Small cap investors take note - Israel is one of these innovation regions.
How did this young country, with its history of war and instability, manage this accomplishment? Well, the army seems to have played a pretty big role in Israel's tech development.
Israel's tenuous geopolitical situation has made compulsory military service a necessity. Every Israeli spends at least a few years in some part of the service, developing leadership skills, and building a huge network rivaling the biggest American universities. Young men and women with good technical skills join the Taalpiyot Unit, which deals with highly advanced electronics technology. When these people leave the army, they have the technical skills, leadership ability, and connections to build new and innovative companies.
Unfortunately, Israel's innovation cradle is no stranger to rocket fire. But the violence has done very little to derail the tech sector's growth.
Israelis have learned to adapt to the various levels of hostility. Like a constant noise you can eventually tune out, Israeli firms and investors have largely tuned out the violence.
Let's take the Gaza War of 2008 as a case study. The three-week armed conflict took place in the Gaza Strip during the winter of 2008-2009. I'll avoid the political motivations and such for the war. On November 4, 2008, the Israeli Defense Force made their first major incursion into Gaza. From that day until mid-December of the same year, more than 200 Qassam rockets and mortar shells were fired into Israel.
Despite this surge in violence, the Tel Aviv Stock Exchange traded more on news of Lehman Brother's collapse than battles next door. Below is a chart of the TA-25, Tel Aviv's benchmark blue chip index. The first arrow points to Lehman's collapse, the second points to the outbreak of the War in Gaza.
This is a pretty consistent trend. In 2006, the Israel army engaged in a very costly war in Lebanon. Less than three months after the war, the Tel Aviv stock market hit all time highs. The war put only a slight damper on growth, and after it ended, almost every sector in the economy came out stronger than before.

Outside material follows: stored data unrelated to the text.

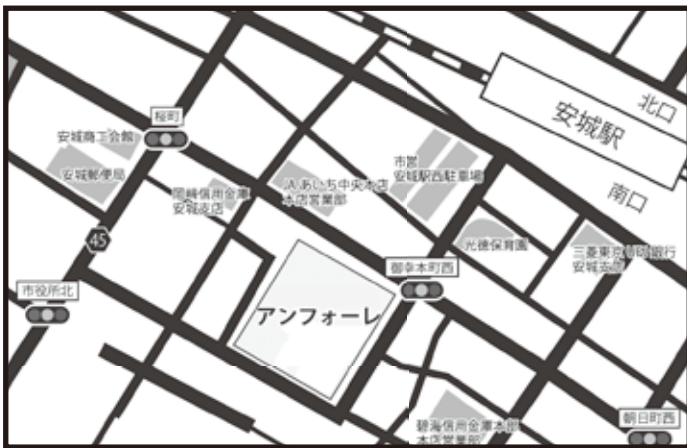

2023年4月1日(土)

アンフォーレ ホール

開場 14:00 / 開演 14:30

入場無料

主催：一般社団法人グランチャエンターテインメント

『グランチャ』とは……

グランチャは、プロを目指すパフォーマンズグループとして愛知県安城市で結成されました。舞台・ミュージカルといった演劇に留まらず、歌やダンスにも積極的にチャレンジしています。グランチャとは、グランドチャイルド＝“孫”を省略した造語です。『自分の孫のように応援をして元気を貰い、心の拠り所となるグループ』をコンセプトに、シニア世代にも可愛がってもらい、みんなを笑顔にしようという思いが込められています。

アンフォーレをはじめ、様々なステージに出演してきたグランチャエンターテインメントは、2022年10月『南吉市民ミュージカル』を安城市観光協会からの委託事業として開催しました。

アクセス

【お車でお越しの方】

ナビパーク安城アンフォーレ駐車場をご利用ください。

収容台数：273台

利用料金：午前9時から午後9時まで / 30分毎100円

※2時間までの無料サービスを行っています。

※本館1階総合案内・証明・旅券窓口センター、本館2階図書情報館
総合案内に割引認証機が設置してありますのでご利用ください。

【公共交通機関でお越しの方】

●JR東海道本線『安城駅』南口から徒歩5分

●あんくるバス【循環線0番系統（右まわり・左まわり）、西部線6番系統、作野線7番系統】『アンフォーレ』下車すぐ

●名鉄バス『アンフォーレ』下車すぐ

舞台は思いを叫ぶ場所、自分自身を表現しよう グランチャ新規メンバー募集中！

※詳しくはメールまでお問合せください。

グランチャの活動を応援してくださる サポーターを随時募集しております。

※詳しくはメールまでお問合せください。

Maybe that stability in the face of violence is why Israel has finally moved up to the big leagues. The tiny Middle-Eastern state is now a member of the Organization for Economic Cooperation and Development (OECD). The country is no longer considered an emerging market. That's bad news for emerging market ETFs, most of which give Israel a heavy weighting.

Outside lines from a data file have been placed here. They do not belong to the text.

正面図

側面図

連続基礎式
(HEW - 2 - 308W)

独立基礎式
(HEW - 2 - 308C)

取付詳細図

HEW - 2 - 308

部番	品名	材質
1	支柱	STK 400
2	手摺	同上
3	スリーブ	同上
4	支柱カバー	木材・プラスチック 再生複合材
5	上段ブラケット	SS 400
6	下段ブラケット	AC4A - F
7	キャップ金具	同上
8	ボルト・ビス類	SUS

But it is great news for Israeli companies, and particularly small cap stocks in the country. Being able to join the OECD is like getting a good credit rating. As Nobel Prize-winning economist Paul Krugman says, the Israeli economy is one of the world's "happy stories."
The Jewish state didn't need financial stimulus to break out of the global recession. They're on track to see an annualized growth rate near 4% this year, and average unemployment has dropped almost a whole percentage point.
In a world where developed countries are struggling with huge debt loads and weak recoveries, Israel truly is a success story. And boy do I like investing in success stories.
The availability of Israeli stocks on U.S. indexes, Israel's stable economic position, and Israeli companies' constant innovation make the country an unparalleled investment opportunity.